Using remote_api with OpenID authentication

When we recently released integrated OpenID support for App Engine, one unfortunate side-effect for apps that enable it was disruption to authenticated, programmatic access to your App Engine app. Specifically, if you've switched your app to use OpenID for authentication, remote_api - and the remote_api console - will no longer work.

The bad news is that fixing this is tough: OpenID is designed as a browser-interactive authentication mechanism, and it's not clear what the best way to do authentication for command line tools like the remote_api console is going to be. Quite likely the solution will involve our OAuth support and stored credentials - stay tuned!

The good news, though, is that there's a workaround that you can use right now, without compromising the security of your app. It's a bit of a hack, though, so brace yourself!

The essential insight behind the hack is that if we can trick the SDK into thinking that it's authenticating against the development server instead of production, it will prompt the user for an email address and password, then send that email address embedded in the 'dev_appserver_login' cookie with all future requests. We can then use the email field to instead hold a secret key that we can use to authenticate you to your app.

This requires only a simple modification to the server component of remote_api, using the techniques I previously outlined, and no modification at all to your SDK. Without further ado, here's the patch:

from google.appengine.ext.remote_api import handler
from google.appengine.ext import webapp
from google.appengine.ext.webapp.util import run_wsgi_app

import re


MY_SECRET_KEY = 'topsecret'


cookie_re = re.compile('^"([^:]+):.*"$')


class ApiCallHandler(handler.ApiCallHandler):
  def CheckIsAdmin(self):
    login_cookie = self.request.cookies.get('dev_appserver_login', '')
    match = cookie_re.search(login_cookie)
    if (match and match.group(1) == MY_SECRET_KEY
        and 'X-appcfg-api-version' in self.request.headers):
      return True
    else:
      self.redirect('/_ah/login')
      return False


application = webapp.WSGIApplication([('.*', ApiCallHandler)])


def main():
  run_wsgi_app(application)


if __name__ == '__main__':
  main()

This should be fairly easy to understand, but let's go through it piece by piece. First, we define a constant, 'MY_SECRET_KEY'. I highly recommend setting this to something other than the string 'topsecret', as we have in this demo! Then, we define a regular expression that matches the email part of the dev_appserver_login cookie.

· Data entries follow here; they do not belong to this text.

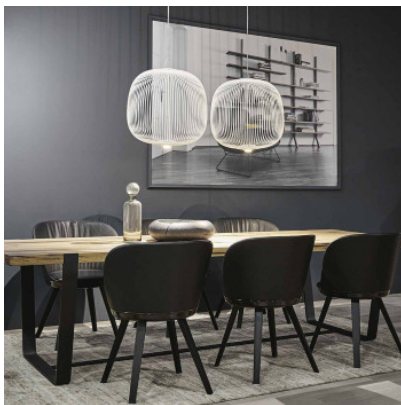

Foscarini Spokes 2 Midi Sospensione MyLight

LED suspension Foscarini Spokes 2 Midi MyLight of thin steel spokes. Direct light distribution downwards and general light with light and shadows. White ceiling rose. Stainless steel suspension. Casambi dimmable.

white	1.179,00 € MSRP 1.338,00 €
MPN	FN2640272ML_10
Luminous flux (lm)	3316
black	1.269,00 € MSRP 1.438,00 €
MPN	FN2640272ML_20
Luminous flux (lm)	3316
copper	1.269,00 € MSRP 1.438,00 €
MPN	FN2640272ML_80
Luminous flux (lm)	3316
gold	1.269,00 € MSRP 1.438,00 €
MPN	FN2640272ML_71
Luminous flux (lm)	3316
graphite grey	1.269,00 € MSRP 1.438,00 €
MPN	FN2640272ML_22
Luminous flux (lm)	3316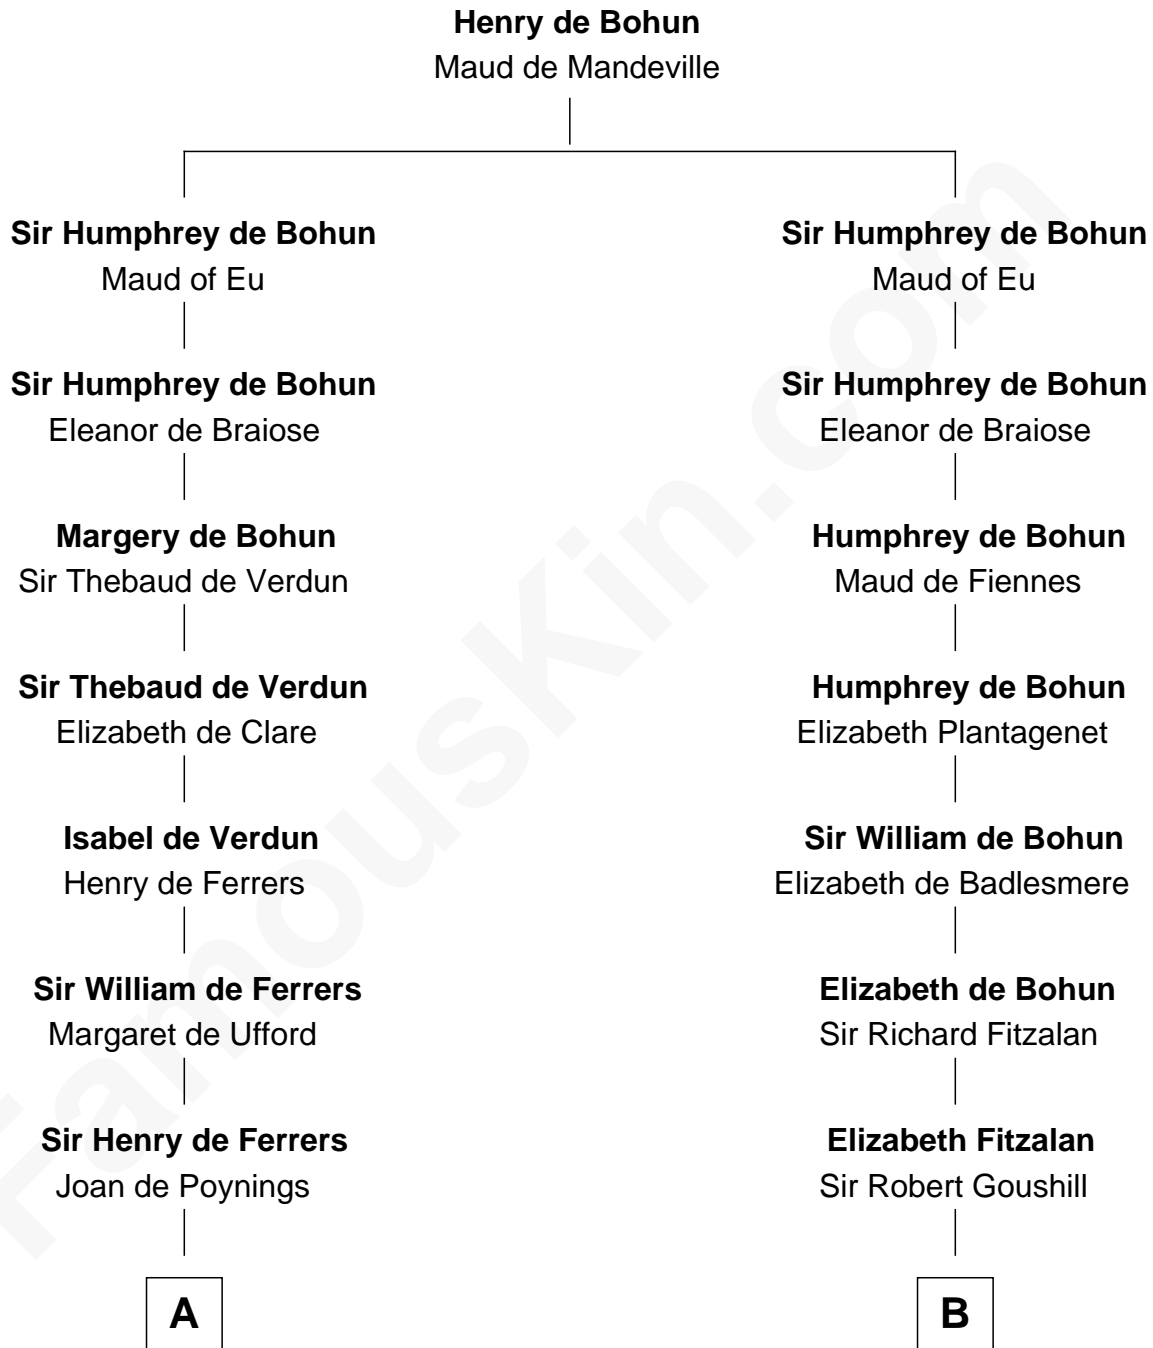

FamousKin.com

Relationship Chart of

Joseph Wharton

Founder of the Wharton School of Business

20th cousin 1 time removed of

Fitzhugh Lee

40th Governor of Virginia

C

Samuel Rodman

Mary Willett

Thomas Rodman

Mary Borden

Hannah Rodman

Samuel Rowland Fisher

Deborah Fisher

William Wharton

Joseph Wharton

Founder, Wharton School of Business

D

Col. Henry Lee

Lucy Grymes

Maj. Gen. Henry Lee

Anne Hill Carter

Sydney Smith Lee

Anna Maria Mason

Fitzhugh Lee

40th Governor of Virginia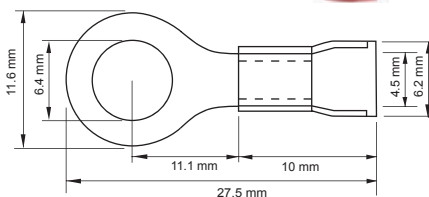

- 6.4mm Red O Ring terminals, 100pcs
- Wire size 22-16 AWG 0.5-1.5mm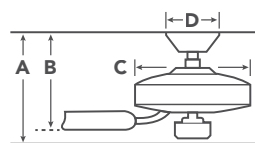

White
FB330015
WH

WH
White

HANGING MEASUREMENTS

		with 4" Downrod	Flush Mount
A	Fixture Drop from Ceiling	12.5"	9.5"
B	Blade Drop from Ceiling	10.5"	7.5"
C	Housing (Width)	11.5"	11.5"
D	Ceiling Canopy (Width)	5.25"	5.25"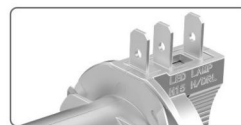

All In One Design

Integrated aluminum body Firm & well thermal conductivity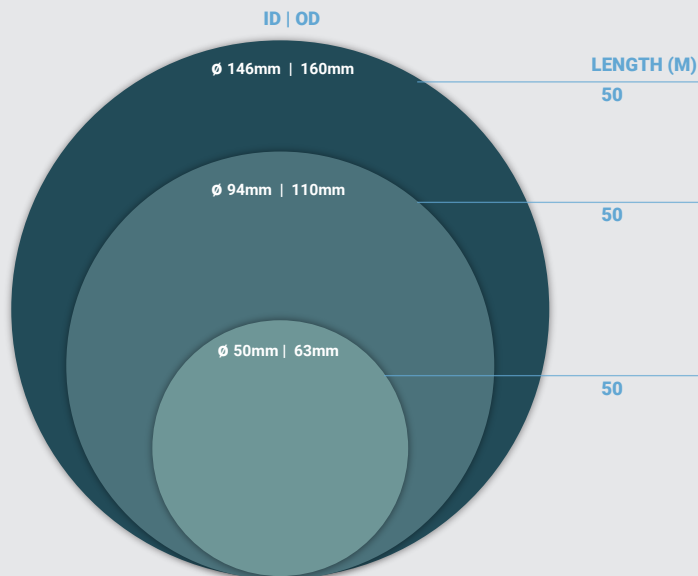

AGRI

SPORTS

CIVILS

**Product Range**

Inside Diameter (ID)	Outside Diameter (OD)	Length (m)	Finish	Code	
135mm	160mm	50m	Perforated	<b>LDP164</b>	
			Non-perforated	<b>LDP160</b>	
85mm	100mm	25m	Perforated	<b>LDP101</b>	
			50m	Non-perforated	<b>LDP106</b>
			100m	Perforated	<b>LDP100</b>
65mm	80mm	25m	Perforated	<b>LDP081</b>	
			50m	Perforated	<b>LDP082</b>
			100m	Perforated	<b>LDP080</b>
			Non-perforated	<b>LDP085</b>	
50mm	60mm	50m	Perforated	<b>LDP062</b>	
			150m	Perforated	<b>LDP060</b>
			Non-perforated	<b>LDP061</b>	

**Black Ducting c/w Draw String**

Inside Diameter (ID)	Outside Diameter (OD)	Length (m)	Finish	Code
146mm	160mm	50m	Non-perforated	<b>LDP075</b>
94mm	110mm	50m	Non-perforated	<b>LDP070</b>
50mm	63mm	50m	Non-perforated	<b>LDP065</b>

**Fittings and Accessories**

**Multi Branch**

Sizes (mm)

60 - 100

**Maxi Branch**

Sizes (mm)

100 - 160

**Connectors**

Sizes (mm)

60 | 80 | 100 | 160

**Reducers**

Sizes (mm)

100 - 60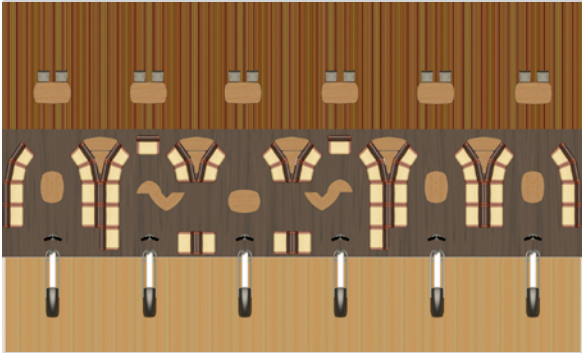

Layout
Reconfiguration
Example

Layout Reconfiguration Example

INFINITY

12' SETTEE DEPTH

Layout
Reconfiguration
Example

Layout Reconfiguration Example

INFINITY

15' SETTEE DEPTH

Layout Examples
for Lane Pair
Arrangements

Layout Reconfiguration Example

INFINITY

15' SETTEE DEPTH

Layout
Reconfiguration
Example

Layout Reconfiguration Example

INFINITY

15' SETTEE DEPTH

Layout
Reconfiguration
Example

Layout Reconfiguration Example

INFINITY

15' SETTEE DEPTH

Layout Examples
for Lane Pair
Arrangements

Layout Reconfiguration Example

INFINITY

15' SETTEE DEPTH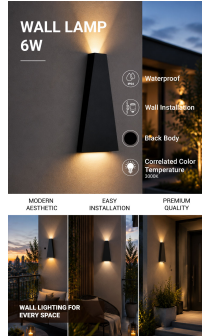

Applique Murale LED Corps Noir

Puissance

6W

Couleur de lumière

 Lumière chaude

Stamps

RoHS

-80

Technical Specification

Brand	Optonica	Instant On	0.1s
Product Code	WL6-A3	Material	Aluminium
Power	6W	Operating Frequency	50-60 Hz
Energy Consumption	6 kWh/1000h	Temperature	-20°C / +40°C
Input voltage	AC220-240V	Life span	25 000 Hours
Flux	660 lm	Color Code	830
FLUX per watt	110lm/W	Body Color	Black
IP	54	LED Type	Cree
Dimmable	No	Lumen maintenance at end of service life	70%
Correlated Color Temperature	3000K	Size of product	200x90x90 mm
Light Color	Lumière chaude	Size of package	235x120x120 mm
Wattage Equivalent	44W	Items per pack	1
EAN Code	3800156674707	Items per box	20
Energy Efficiency Label	E	Color Of The Shell	Black
Beam angle	Up 15°- Down 90°	Gross weight	0,910 kg
Power Factor	0.9	Net weight	0,800 kg
On/Off Cycles	25 000x	Warranty	2 Years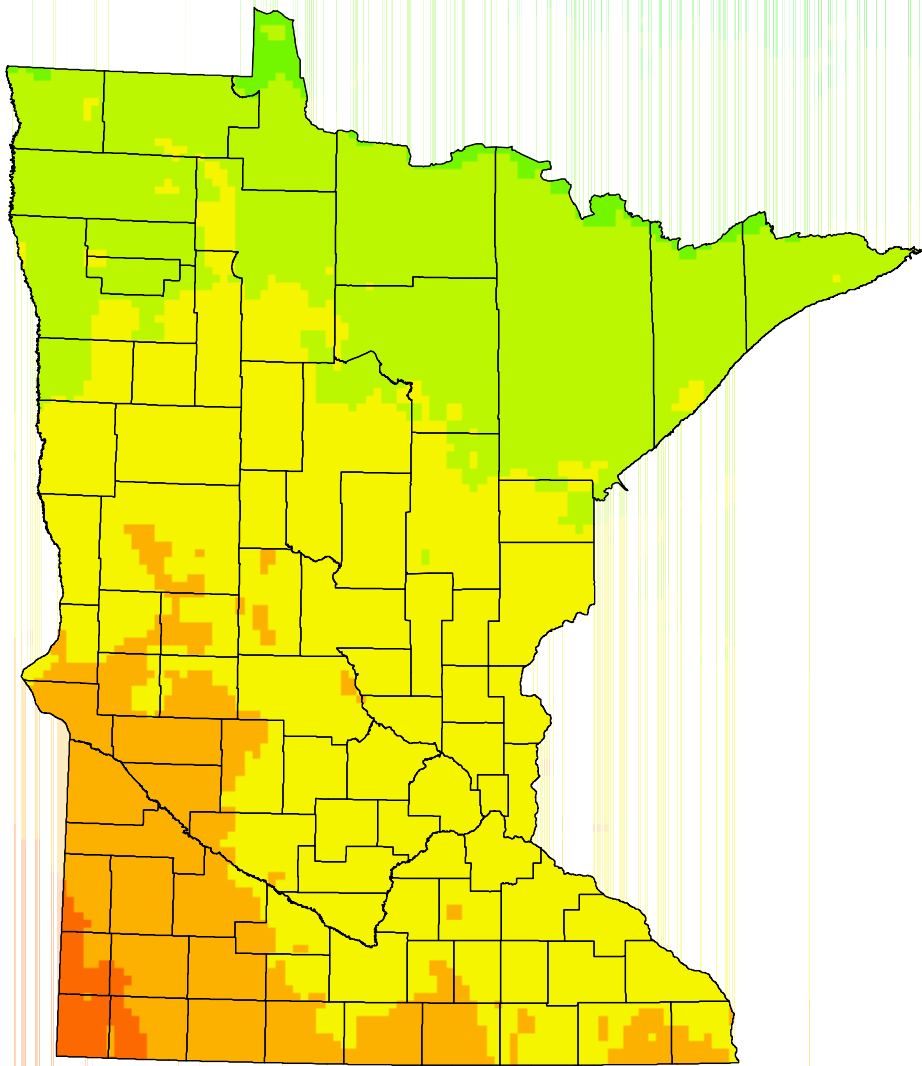

Average Solar Radiation in Minnesota, 1998-2002

1998

1999

2000

2001

2002

MINNESOTA
DEPARTMENT OF
COMMERCE

Watts / Square Meter

Note: Differences between high and low values are roughly 15%.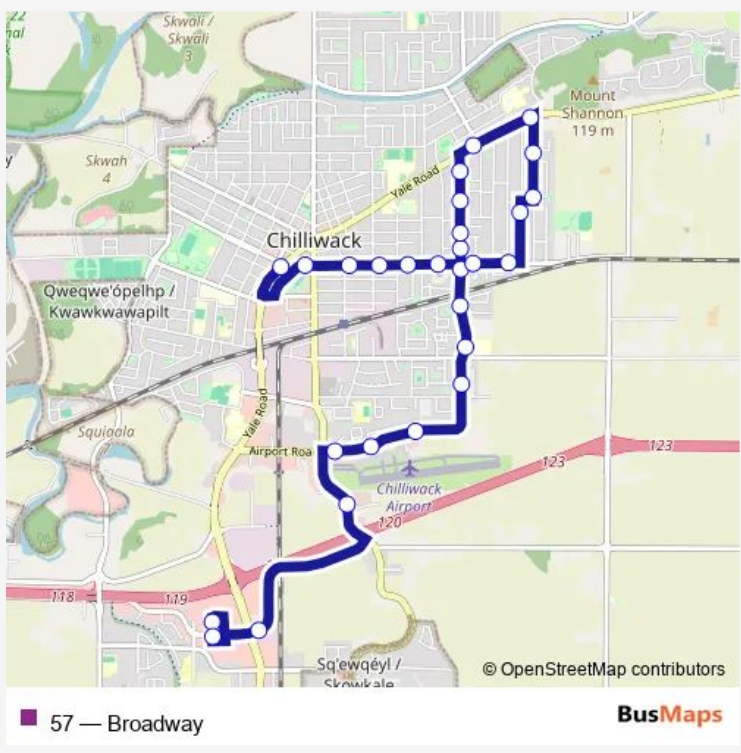

Bus 57 Broadway

[Go to website](#)

Direction
 Cottonwood Mall — Downtown Chilliwack
 27 stops
[Open route schedule](#)

- Cottonwood Mall
- Luckakuck Way at Vedder Rd
- Young Rd at Olds Dr
- Airport Rd at Young Rd
- Airport Rd at Cessna Dr W
- Airport Rd at Cessna Dr E
- Broadway at McCaffrey Blvd
- Broadway at Chilliwack Central Rd
- Broadway at Ramona Dr
- Broadway at 1st Ave
- Broadway at Pine Ave
- Broadway at Cedar Ave
- Broadway at Fraser Ave
- Broadway at Clayton Ave
- Yale Rd at Menzies St
- Yale Rd at Mcnaught Rd
- Mcnaught Rd at Epp Dr
- Mcnaught Rd at Paula Cres
- Carleton St at Adanac Ave
- 1st Ave at Windsor St
- 1st Ave at Broadway

Route schedule
 Cottonwood Mall — Downtown Chilliwack

Monday	06:00-21:40
Tuesday	06:00-21:40
Wednesday	06:00-21:40
Thursday	06:00-21:40
Friday	06:00-21:40
Saturday	08:40-22:40
Sunday	08:40-18:40

Route info
 Direction: Cottonwood Mall
 Stops: 27
 Trip Duration: 0 hour 22 min

1st Ave at Woodbine St

1st Ave at Aspen Pl

1st Ave at Williams St

1st Ave at Nowell St

1st Ave at Young Rd

Downtown Chilliwack

Direction

Downtown Chilliwack Bay A — Cottonwood Mall

Thursday 06:05-20:45

Friday 06:05-20:45

Saturday 08:45-21:45

Sunday 08:45-18:45

Route info

Direction: Downtown Chilliwack Bay A

Stops: 27

Trip Duration: 0 hour 22 min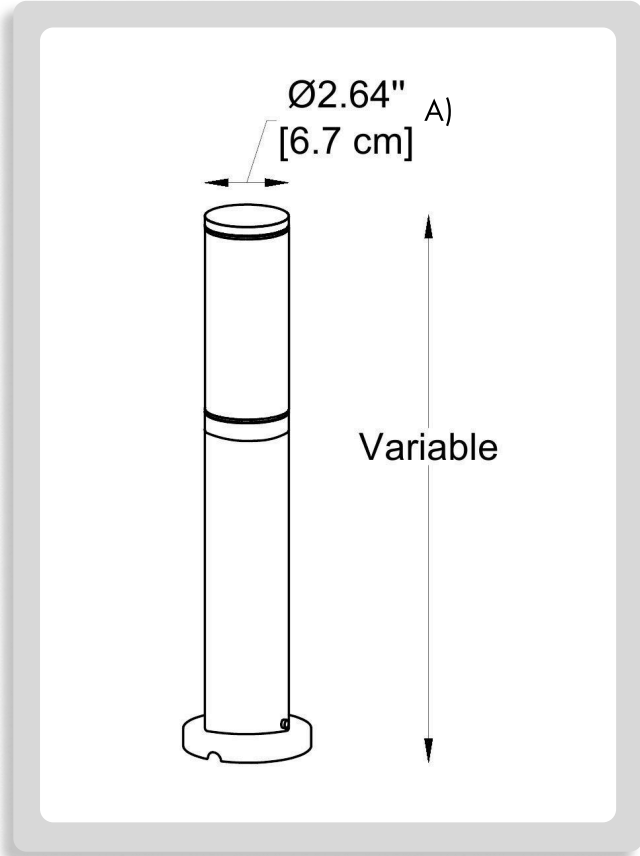

FIXTURE TYPE: _____

PROJECT NAME: _____

HOW TO ORDER:

CODE:

Example: CODE: BB-ALM-BL-H1-30K-DIM-SB	BB-ALM-BL- H1-30K-DIM-SB

1	BODY HEIGHT:	

- -H1 13.7" (35 cm)
- -H2 16.9" (43 cm)
- -H3 24" (60.96 cm)

2	DIAMETER:	

A) Ø: 2.6" (7 cm)

3	LIGHT SOURCE:	

LED | 10W | 700 lm | 110-277V | 90 CRI

4	CCT:	

- -30K 3000K
- -35K 3500K
- -40K 4000K
- -50K 5000K

5	DIMMING OPTIONS:	

- -NON NON-Dimmable
- -DIM 0-10V
- -CAS Casambi
- -LUT Lutron
- -DAL Dali

6	FINISH OPTIONS:	

- -SB Sanded Black (RAL 9005)
- -DG Dark Grey (RAL 7037)
- -LSG Light Sanded Grey (RAL 7038)
- -CUS Custom on request*

THINK BOLLARD - THINK BULLARD

sales@gordonbullard.com
www.bullardbollards.com
1-877-964-4646

991 South Gull Lake Dr
Richland, MI 49083
USA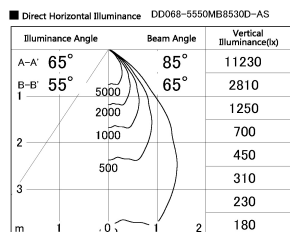

Item no. DD068-5550MB8530D-AS

Series Name: Asymmetric

Installation	Recessed mount
Type	Asymmetric
Fixture wattage	55W
Beam angle	85 x 65 deg.
Color Temp.	3000K
CRI	Ra>85
Luminous	4145 lm
Body	Die-cast aluminum alloy
Body finish	N/A
Trim finish	Black
Reflector finish	Mirror
IP Rate	IP20
Light source	COB module
Input Voltage	AC220~240V
Dimming Type	Non-Dimmable
Certificate	CE, CCC
Cut Hole	150mm

Height (Weight)	Wide flood
78.7W	177 (1.4kg)
58.5W	177 (1.4kg)
55.0W	177 (1.4kg)
42.8W	157 (1.1kg)
36.0W	157 (1.1kg)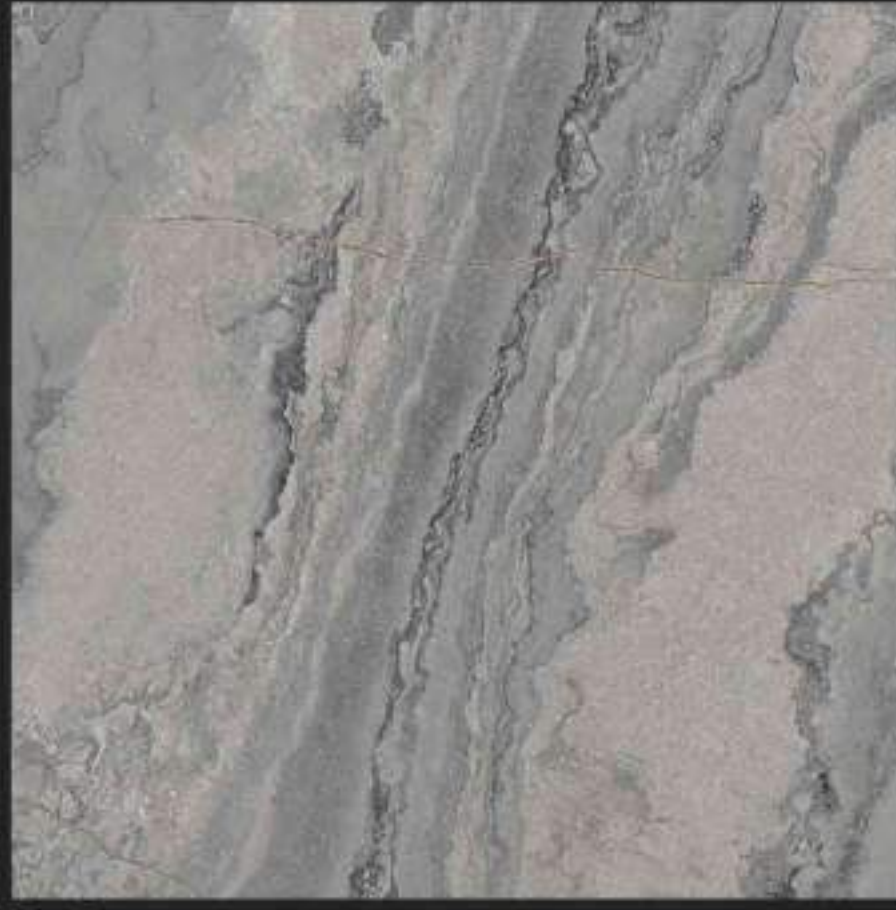

600 x
600 mm

CARVING
SURFACE

MATT
FINISH

WATER
PROOF

Carving
Surface

C-144

R-2

APPLICATION AREA

TILES
OF
INDIA

Airports

Hotels

Offices

Museums

Shops

Homes

Spa & Wellness

Restaurants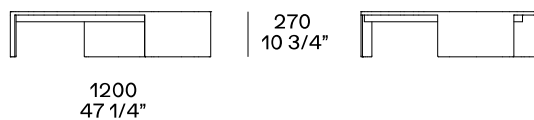

DESCRIPTION

Typology	Coffee table
Structure	Painted metal
Top	Medium-density fibre panel in veneer or marble

DIMENSIONS

Height mm 270

Height mm 480

Height mm 530

Height mm 360

To be inserted between two sofa units

The class ApiCallHandler extends the regular remote_api handler as we demonstrated in the previous article, and overrides its "CheckIsAdmin" method. This method is responsible for doing authentication, and usually it simply checks that the user is logged in as an administrator using the Users API. In this case, though, we instead look for the dev_appserver_login cookie, and if it exists, check if the secret key matches. If it does not, we send the user a redirect to '/_ah/login', and indicate that authentication was not successful.

It's this redirect that is essential to the hack. The way the SDK determines if it's authenticating against a development server or production is by checking the nature of the redirect sent back from unauthenticated requests; if it gets a redirect to '/_ah/login', it assumes it's the dev_appserver it's talking to, and assembles the login cookie that we check for above.

Only one other change is required to make use of this hack - you must update your mapping in app.yaml to send remote_api requests to our custom handler, rather than the standard one. Save the above file as remote_api.py, and replace the remote_api handler in app.yaml with the following:

- url: /remote_api
  script: remote_api.py

Note that we didn't include the usual "login: admin" declaration in this handler. It's important that you leave that out: without it, our handler will do the authentication itself using our hack, but if you leave it in, execution never reaches our handler - the App Engine infrastructure checks for a regular OpenID login, and refuses to execute our code if it's not present.